A recent Barron's analysis identifies eight financial companies as potential buys ahead of earnings, arguing that the sector is using artificial intelligence to boost profit margins while trading at a discount to tech.
"This looks like the moment to scour for opportunities to buy stocks outside of the highflying data center-driven names," Jacob Sonenshine of Barron's wrote. The analysis points to data from Morgan Stanley strategists showing 40 percent of S&P 500 financial firms have mentioned quantifiable AI-related impacts to their profits.
While the VanEck Semiconductor ETF has surged about 32 percent this year, the S&P 500 financial sector is down almost 6 percent, suggesting a valuation gap. Financials are using AI to reduce reliance on personnel for asset valuation, manage credit, create insurance pricing algorithms, and identify new markets. The report contrasts the high valuations of AI-centric companies like Palantir (PLTR), which trades at a TTM P/E of 190, with the potential in these more traditional firms.
The analysis, citing a screen from 22V Research's Dennis DeBusschere, highlights companies integrating AI that are also likely to beat earnings estimates. The list includes asset manager T. Rowe Price (TROW), Broadridge Financial Solutions (BR), insurance broker Arthur J. Gallagher (AJG), and insurer Allstate (ALL).

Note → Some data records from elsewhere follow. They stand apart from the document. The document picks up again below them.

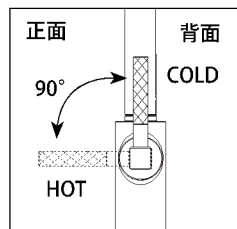

#### Smart Innovations

-  Touch2O® Technology
-  MagnaTite® Docking System
-  Touch Clean® Technology

scale 1/7.5

1Hole 一開口径35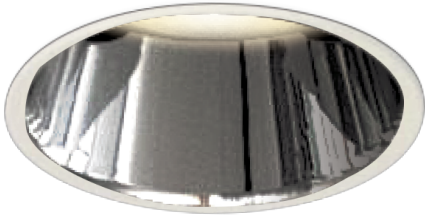

Item no. DD161-1015MW9035-FX-TL

Series Name: AMMA Φ80 series Lens type Fixed Antiglare (DD161-AG-FX)

Installation	Recessed mount
Type	AMMA Φ80 series Lens type Fixed Antiglare (DD161-AG-FX)
Fixture wattage	10.5W
Beam angle	16
Color Temp.	3500K
CRI	Ra>90
Luminous	990 lm
Body	Die-cast aluminum alloy
Body finish	N/A
Trim finish	White
Reflector finish	Mirror
IP Rate	IP20
Light source	COB module
Input Voltage	AC220~240V
Dimming Type	Non-Dimmable
Certificate	CE,CCC
Cut Hole	80mm

A separate screen identified firms with strong earnings-beat histories, such as Mastercard (MA), CNO Financial Group (CNO), Federated Hermès (FHI), and Cboe Global Markets (CBOE).
The broader market shows mixed results, with companies like Sherwin-Williams (SHW) seeing shares rise 2 percent after beating Q1 revenue and earnings estimates. The paint manufacturer reported sales of $5.67 billion, up 6.8 percent year-on-year. In the healthcare space, CareDx (CDNA) posted a 39 percent revenue increase and raised its full-year guidance, showing strong growth in specific sectors.
The investment thesis from Barron's suggests that as long as the economy continues to expand, these AI-adopting financial firms can achieve high earnings growth by increasing profit margins. The upcoming earnings reports for this basket of stocks will be a key test of this theory.
This article is for informational purposes only and does not constitute investment advice.